Task to complete:
Only the lines that include "https" should be copied from the data below.

== Segment start ==

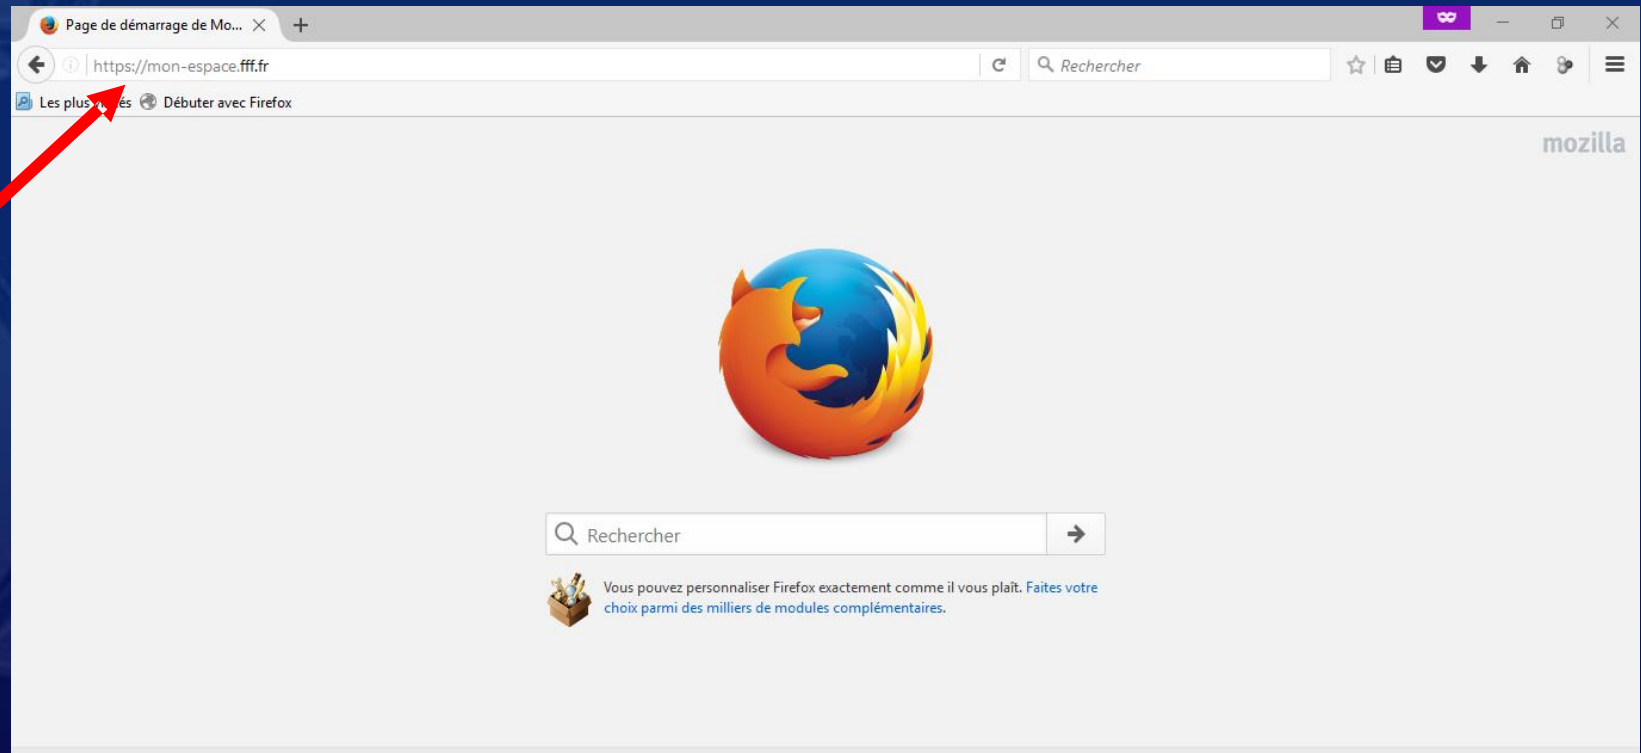

TUTORIEL ATTESTATION LICENCE

ATTENTION

Avant de continuer ce tutoriel, il faudra vous munir de votre **numéro de licence** auprès de votre club.

Ouvrir un navigateur
Internet (que ce soit
Internet Explorer,
Google Chrome,
Firefox, etc.)

Tapez dans la barre de
recherche :
« https://mon-espace.fff.fr »

Cette page s'affiche.
Si vous êtes déjà
membre, allez à la page
17
Sinon, passez à la page
suivante.

Cliquez sur le bouton

S'INSCRIRE

https://sso.f...auth/v2/login × +

== Segment end ==

Answer box:
« https://mon-espace.fff.fr »
https://sso.f...auth/v2/login × +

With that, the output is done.